Tetkik Hakimi …’nun Düşüncesi : İkmalen salınan kurumlar vergisi üzerinden tarh olunan geçici vergi ve kesilen kusur cezası kaldırılmışsada, cari vergilendirme döneminin geçmiş olması nedeniyle mahsup olanağı bulunmayan bu verginin terkininde kanuna aykırılık bulunmamakla bereber, 3946 sayılı kanununun 24 üncü maddesinde öngörülen hüküm karşısında, kesilen kusur cezasının terkini isabetli olmadığından, kararın bu yönden bozulması gerektiği düşünülmektedir.
TÜRK MİLLETİ ADINA
Hüküm veren Danıştay Dördüncü Dairesince gereği görüşüldü:
Kurumlar Vergisi Kanunun mükerrer 40 ncı maddesinde, “Kurumlar vergisi mükellefleri, cari vergilendirme döneminin kurumlar vergisine mahsup edilmek üzere, Gelir Vergisi Kanununun mükerrer 120 nci maddesinde belirtilen esaslara göre geçici vergi öderler” denilmiş ve Gelir Vergisi Kanunun mükerrer 120 inci maddesine, 3946 sayılı Kanunun 24 üncü maddesiyle eklenen ve 1.1.1994 tarihinde yürürlüğe giren fıkrayla “Yapılan İncelemeler sonunda, geçmiş dönemlere ait geçici verginin eksik beyan edildiğinin tespiti halinde, eksik beyan edilen bu kısım için re’sen veya ikmalen geçici vergi tarh edilir.

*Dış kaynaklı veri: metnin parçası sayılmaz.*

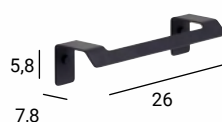

ANILLA
ANNEAU

	2303	40,30 €
	2363	50,70 €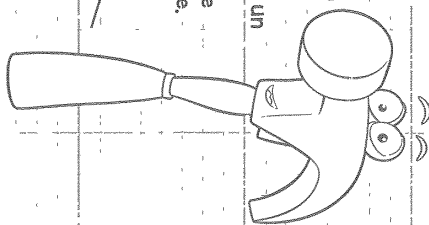

LA BOÎTE À OUTILS

NOUS AVONS UN OBJET À RÉPARER !

STRETCH

Stretch, le mètre ruban perfectionniste, est toujours à la recherche de la solution parfaite.

SISCIE

Siscie adore couper ! Elle veut toujours couper les choses en deux mais ce n'est pas toujours la bonne solution.

SERRA

Serra, la pince, est la plus jeune. Elle est curieuse et toujours enthousiaste.

MARTY

Marty le marteau est toujours heureux d'aider. Mais il est parfois un peu maladroit en martelant trop de clous avec sa tête.

MOLO

Molo, la clé à molette, est souvent inquiète. Elle est toujours la première à prévenir d'un problème.

TOURNY

Tourny est un tournevis à tête plate de nature confiante mais il peut être un peu grognon.

CRUCY

Crucy, le tournevis cruciforme, est très ambitieux. Il est toujours à la recherche de nouvelles façons de s'attaquer à de vieux problèmes.

BOÎTE À OUTILS

NOM _____

DATE _____

Pas à l'échelle.

PI479

APPROUVÉ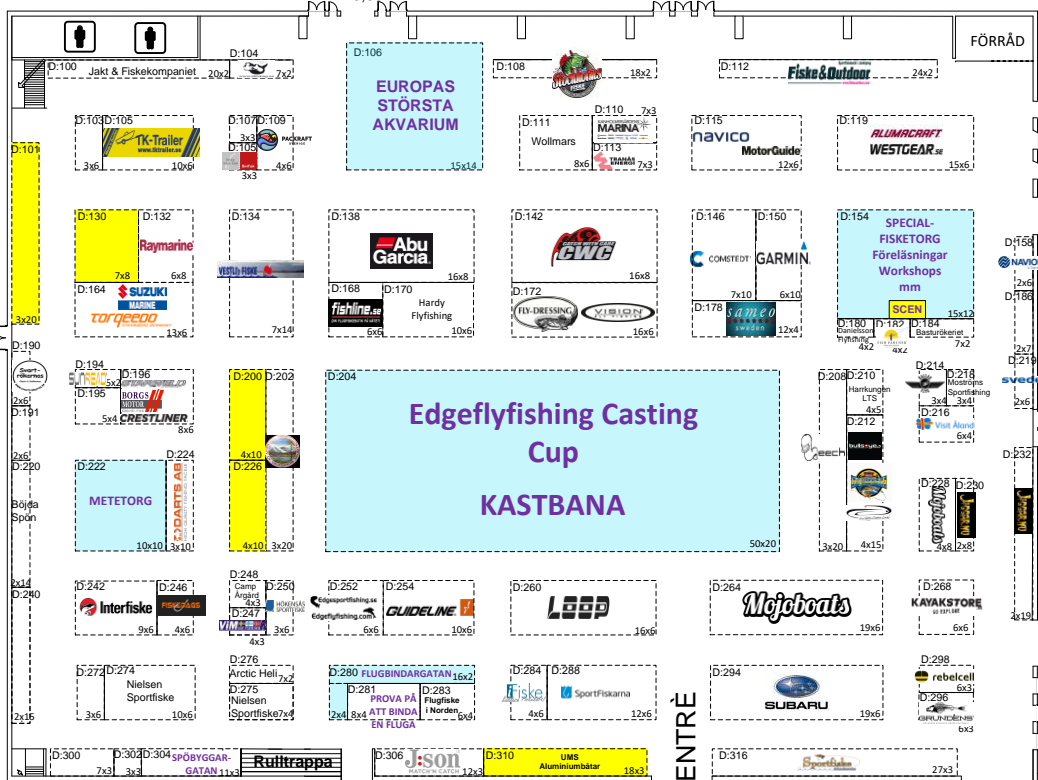

# Hall D

Port  
B=3,65  
H=3,55

Port  
B=4,00  
H=4,45

Port  
B=5,00  
H=4,70

# SPORTFISKEMÄSSAN 29-31 MARS 2019 I JÖNKÖPING - ELMIA

ENTRÉ

ENTRÉ

TROLLINGTORG

Port  
B=4,48

Port  
B=3,33

KAJAKFISKE-TORG

KAJAKFISKE-TORG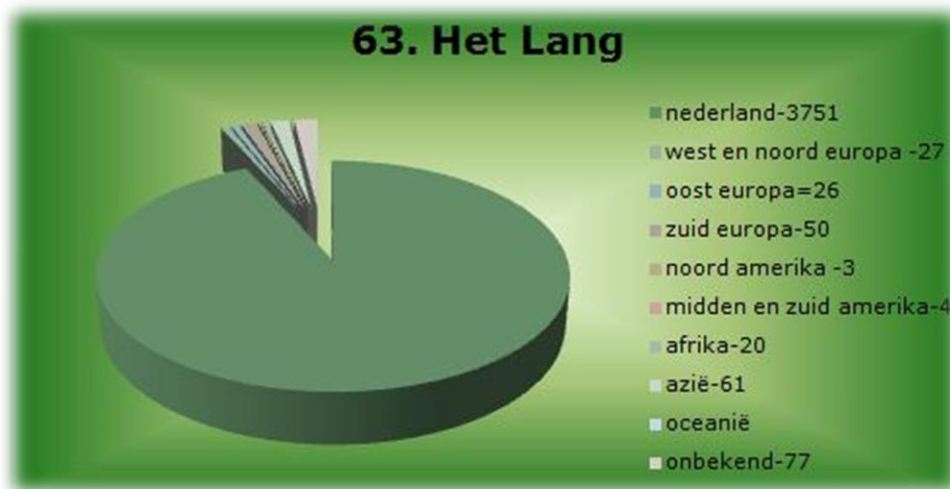

FEITEN EN CIJFERS VAN 63. WESSELERBRINK N.O. HET LANG.

Het Lang heeft 4019 inwoners.

In onderstaande grafiek ziet u de verdeling per leeftijd.

65 plus wordt in onderstaande grafiek weergegeven.

bron: gemeente Enschede (GBA)

In onderstaande grafiek wordt de leeftijd verdeling van het CBS weergegeven.

bron: gemeente Enschede (GBA)

de verdeling in nationaliteit.

de verdeling in etniciteit.

bron: gemeente Enschede (GBA)

gezinssamenstelling.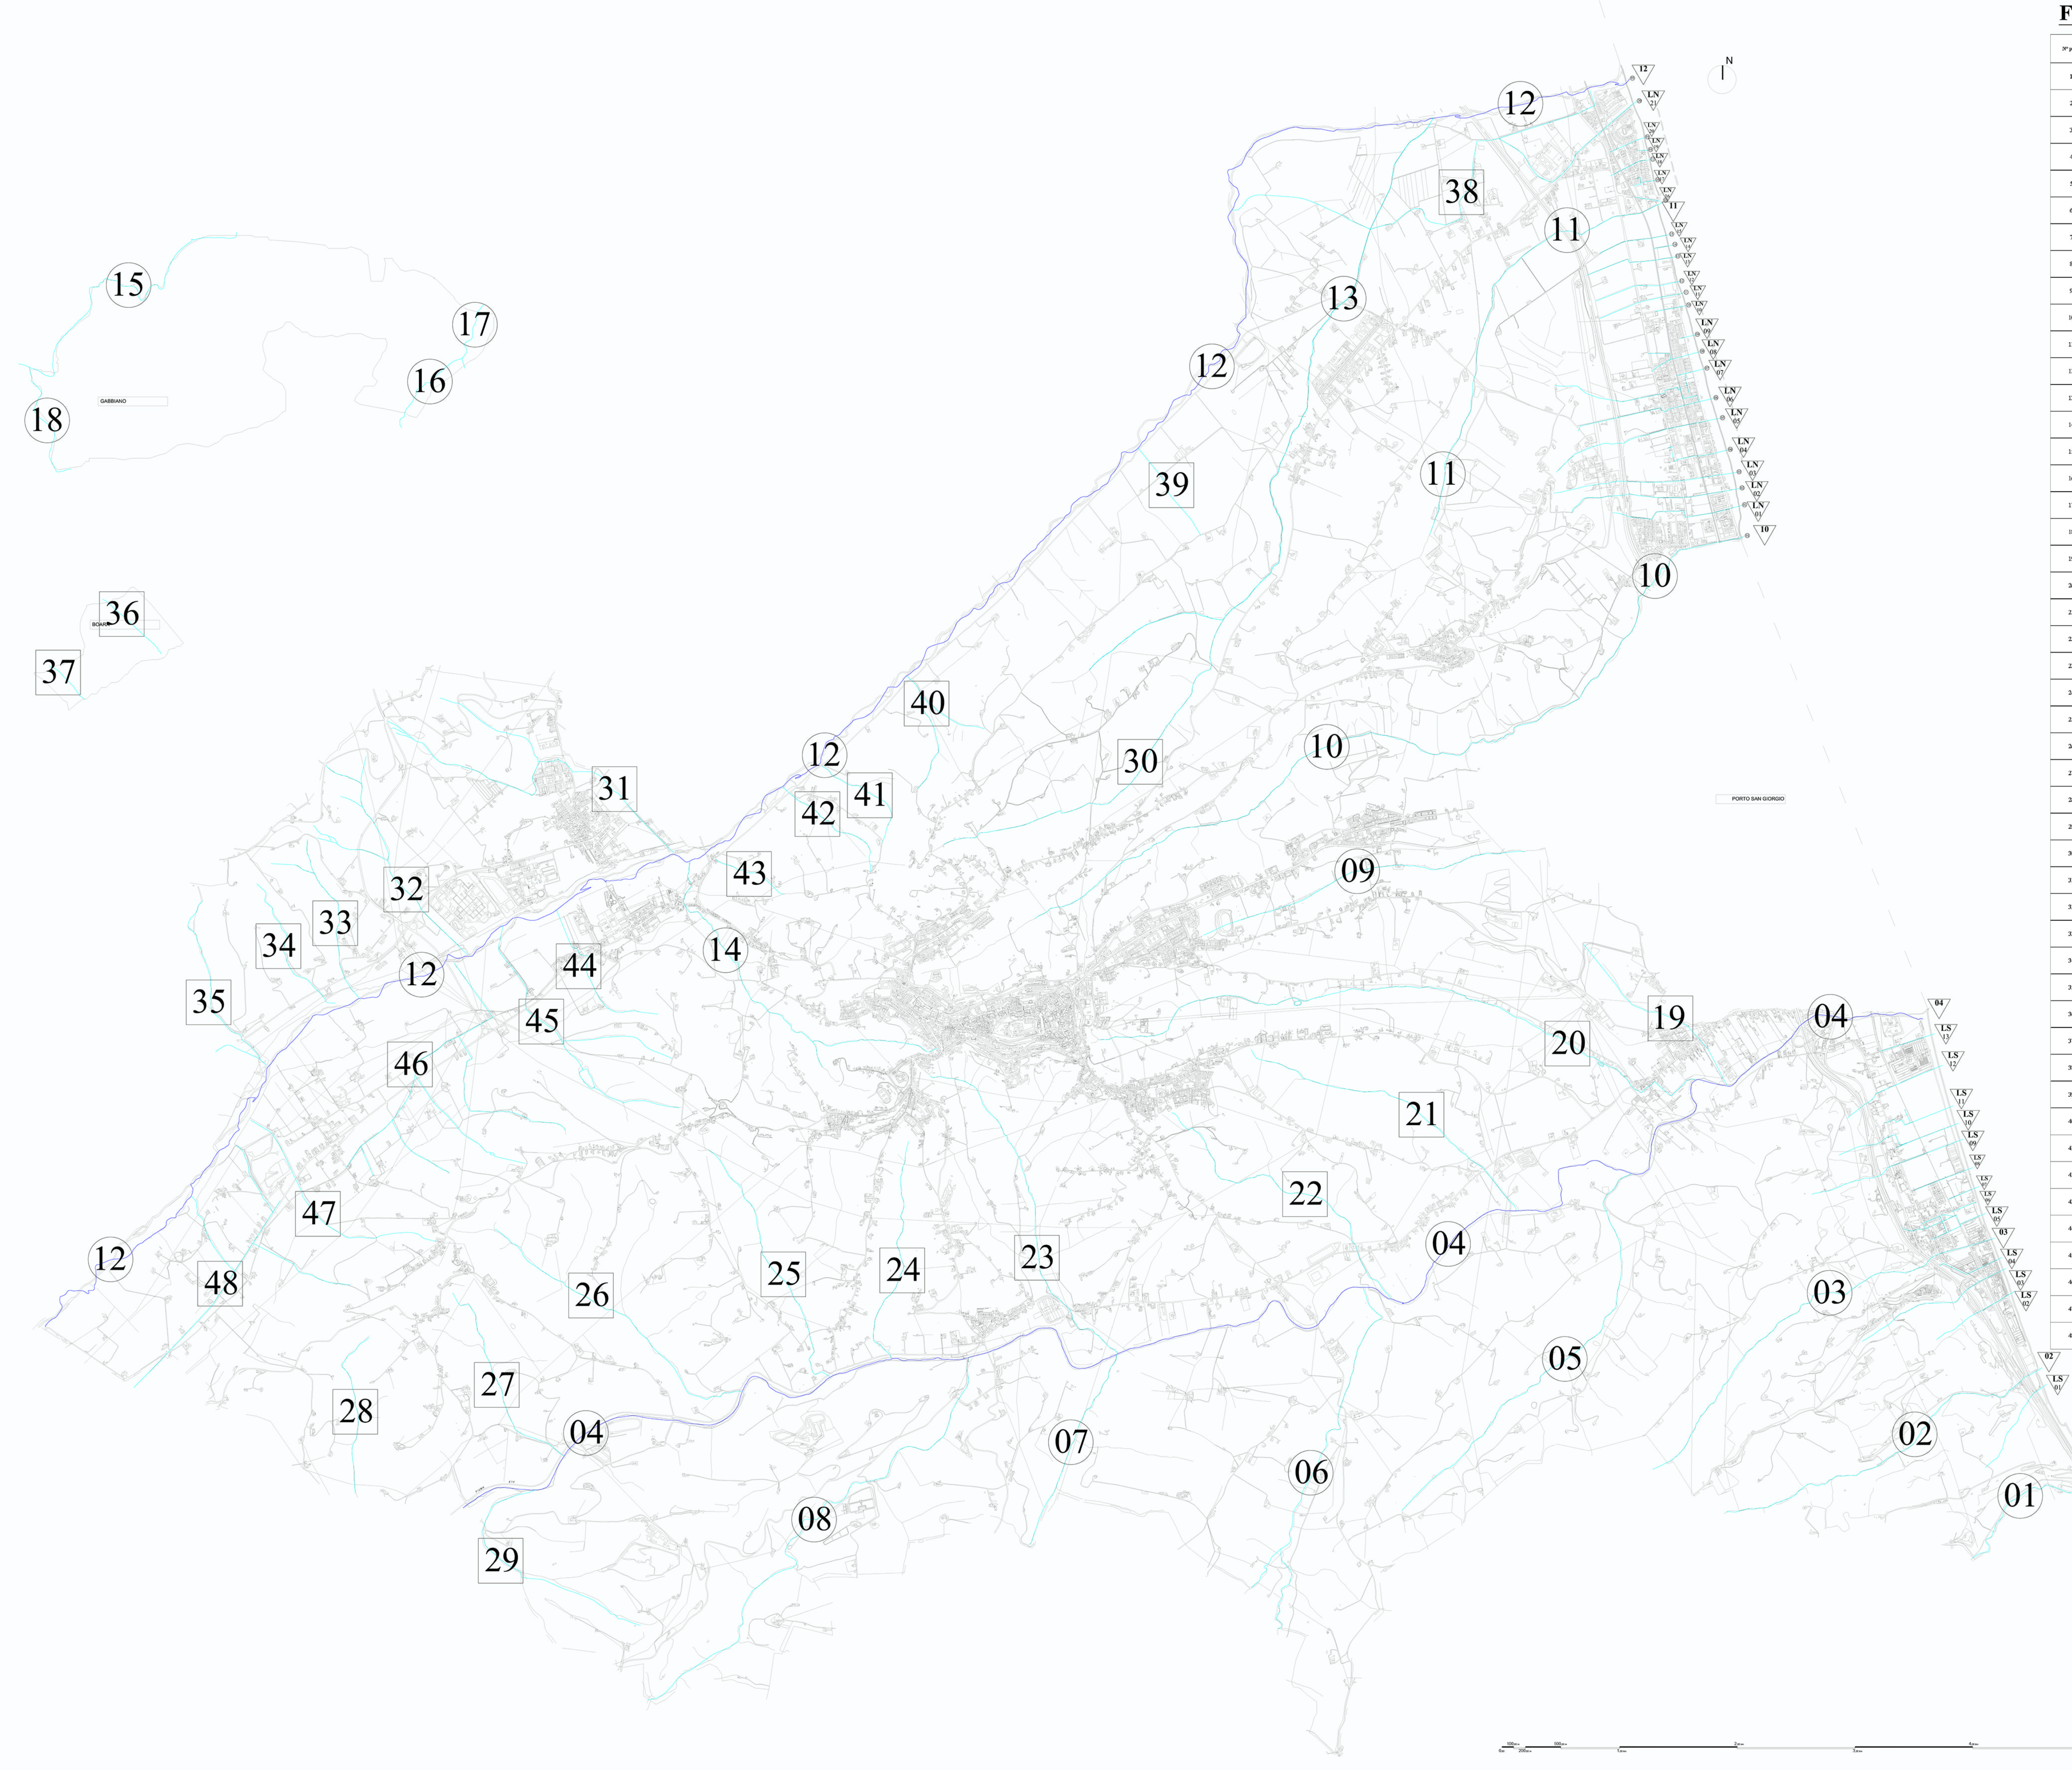

COMUNE DI FERMO

PIANO DI EMERGENZA COMUNALE ANNO 2016

AGGIORNAMENTO ANNO 2022

IDROGRAFIA SUPERFICIALE

Tav. 22.3

SCALA 1:25000

LEGENDA IDROGRAFIA SUPERFICIALE

QUADRO DI UNIONE

FOSSI TERRITORIO

Ancak, yıllık beyanname verme süresi geçtikten sonra geçici verginin aslı aranmaz bu vergiye gecikme faizi ve ceza uygulanır.” hükmü getirilmiştir.

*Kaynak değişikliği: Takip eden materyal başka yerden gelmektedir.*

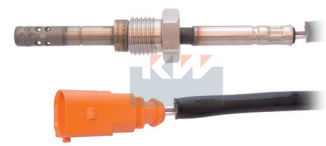

EXHAUST GAS TEMPERATURE SENSORS (EGT)

Adatt./Suitable:

- VW**
03L 906 088 BQ
03L 906 088 HK

- NEW - ITEM NOW AVAILABLE FROM PRODUCTION**
- NUOVO - ARTICOLO ORA DISPONIBILE PER LA VENDITA
- NOUVEAU - ARTICLE DISPONIBLE EN PRODUCTION COURANTE
- NEU - JETZ ZUM VERKAUF VERFÜGBARER ARTIKEL
- NUEVO - ARTICULO AHORA DISPONIBLE EN PRODUCCION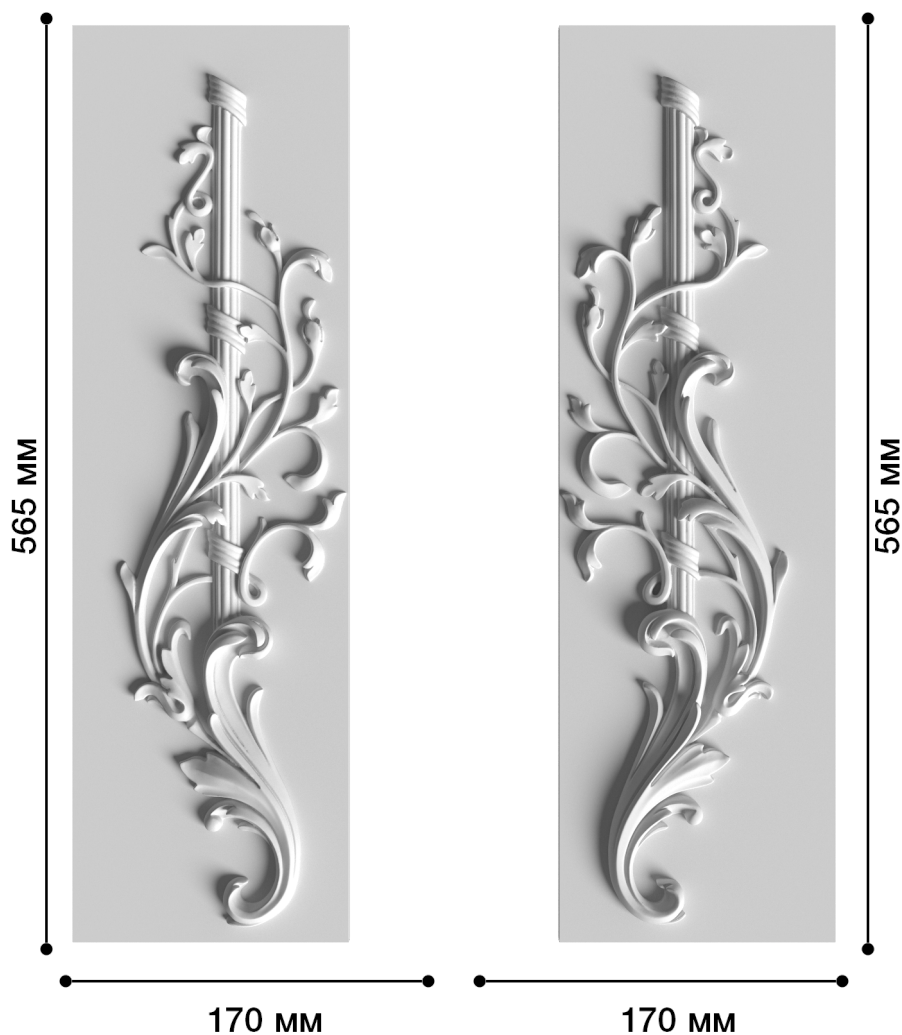

Средник Дс-300

Средник — отличная деталь для декора со сложным лепным декором: завитками, объемными элементами.

ДИКАРТ

ЗАВОД ГИПСОВОЙ ЛЕПНИНЫ

8 (495) 150-21-95

8 (800) 707-52-95

info@dikart.ru

Высота - 565 мм
Ширина - 170 мм
Глубина - 28 мм
Материал - гипс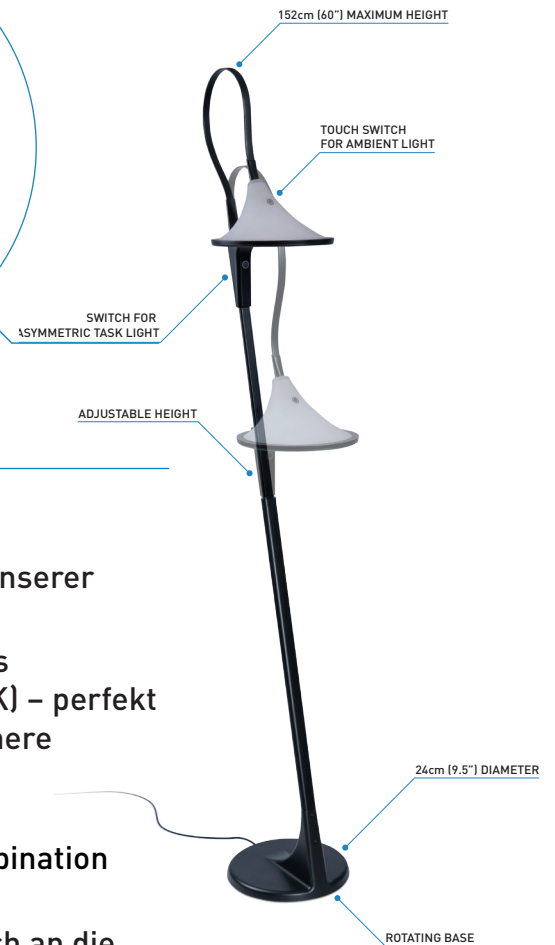

Cometa™

STANDLEUCHE

Datenblatt

Cometa ist eine Standleuchte wie keine andere. Diese elegante und moderne Leuchte gibt ein fokussiertes Arbeitslicht sowie ein warmes Raumlicht ab. Die Arbeitsleuchte ist ausgestattet mit unserer innovativen Ray Technology™, die es ermöglicht, das Licht nach vorne zu werfen, ohne die Lampe anzuwinkeln, sodass Sie lesen oder arbeiten können, ohne andere im Raum zu stören. Wählen Sie aus 2 Farbtemperaturen bei der Verwendung des Arbeitslichts – Tageslicht (6.000K) und warmes Licht (2.700K) – und verleihen Sie Ihrem Raum mit dem sanften Schein des Beleuchtungsschirms eine angenehme Atmosphäre. Die einstellbare Schirmhöhe, die variable Helligkeit, der drehbare Sockel und ein Farbwiedergabeindex von über 95 machen die Cometa zu einer schönen, vielseitigen und hochfunktionellen Lampe.

STANDLEUCHE

E35851

HAUPTMERKMALE

- Elegante und moderne Arbeitsleuchte mit Raumslicht
- Eliminieren Sie Blendung und verhindern Sie Schatten mit unserer innovativen Ray TechnologyTM
- Wählen Sie aus 2 Farbtemperaturen bei der Verwendung des Arbeitslichts – Tageslicht (6.000K) und warmes Licht (2.700K) – perfekt zum Lesen und für detaillierte Aufgaben oder um eine weichere Spotbeleuchtung zu genießen
- Verleihen Sie Ihrem Raum mit dem sanften Schein des leuchtenden Schirms Atmosphäre, unabhängig oder in Kombination mit dem Arbeitsplatzlicht
- Einstellbare Schirmhöhe, damit Sie den beleuchteten Bereich an die jeweilige Aufgabe anpassen können
- Positionieren Sie das Licht mühelos dort, wo Sie es brauchen, indem Sie den Standfuß drehen
- Variable Helligkeit für die perfekte Lichtintensität
- Tageslicht-LEDs mit 95+ CRI ermöglichen es Ihnen, Farben zu jeder Tages- und Nachtzeit perfekt zu sehen

TECHNISCHE ANGABEN

Produktinformationen

Gewicht	3,3kg
Farbe	Schwarz
Kabellänge	3m

Lichtleistung

Leuchtmittel	LED
Lumens	800l
Lux bei 30cm	7.000
Farbtemperatur	6.000K / 2.700K
Farbwiedergabeindex	95+
Energieverbrauch	22W

Olayda, 1993 yılı geliriyle ilgili olarak 1994 Nisan ayında verilen beyanname üzerinden kurumlar vergisinin noksan tahakkuk ettirilmesi dolayısıyla ikmalen salınan kurumlar vergisine karşı açılan davanın yerinde görülmeyerek mahkemece reddedilmesi ve davacı tarafından temyiz edilmeyerek kesinleşmesi nedeniyle bu vergi üzerinden hesaplanan geçici vergide kanuna aykırılık bulunmamakla beraber, yeni beyan dönemi olan 1995 Nisan ayının geçmiş ve yeni beyan dönemine ait kurumlar vergisine mahsup olanağının ortadan kalkmış olması nedeniyle terkin edilecek bir verginin yeniden tahakkuku anlamına geleceğinden terkin kararının geçici vergiye ilişkin kısmında kanuna aykırılık görülmemiştir.

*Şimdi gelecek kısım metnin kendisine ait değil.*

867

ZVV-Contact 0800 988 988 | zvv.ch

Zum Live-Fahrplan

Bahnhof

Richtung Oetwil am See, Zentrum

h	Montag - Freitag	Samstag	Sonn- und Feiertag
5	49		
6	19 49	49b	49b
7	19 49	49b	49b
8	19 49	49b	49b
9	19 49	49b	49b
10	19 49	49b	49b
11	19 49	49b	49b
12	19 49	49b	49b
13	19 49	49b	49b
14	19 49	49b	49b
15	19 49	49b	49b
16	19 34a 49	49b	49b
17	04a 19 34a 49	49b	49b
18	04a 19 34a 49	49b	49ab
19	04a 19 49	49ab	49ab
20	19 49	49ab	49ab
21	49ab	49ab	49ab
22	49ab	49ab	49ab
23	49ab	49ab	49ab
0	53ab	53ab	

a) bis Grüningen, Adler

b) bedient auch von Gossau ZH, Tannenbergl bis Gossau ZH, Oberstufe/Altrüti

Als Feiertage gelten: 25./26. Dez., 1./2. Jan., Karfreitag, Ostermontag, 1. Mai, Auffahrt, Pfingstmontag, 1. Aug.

Ancak, geçici verginin, mükellefin vergilendirme ile ilgili ödevini yerine getirmemesi nedeniyle zamanında tahakkuk ettirmemesi yüzünden ortaya çıkan vergi ziyaı nedeni ile 3946 sayılı Kanunun 24 üncü maddesi hükmü karşısında kesilen kusur cezasının terkininde isabet görülmemiştir.
Ayrıca, 1985 Nisan tarihi itibariyle mahsup edilecek olan ve ikmalen salınan geçici verginin ilgili bulunduğu döneme ilişkin normal vade tarihi ile yıllık beyannamenin verileceği tarihe kadar olan süre için gecikme faizi istenilmesi, Gelir Vergisi Kanununun mükerrer 120 inci maddesine 3946 sayılı Kanunla eklenen fıkra gereğidir.
Bu nedenle, … Vergi Mahkemesinin, … günlü ve E:…, K:… sayılı kararının cezaya ilişkin hüküm fıkrasının bozulmasına geçici vergiye ilişkin temyiz isteminin reddine 13.6.1995 gününde oybirliğiyle karar verildi.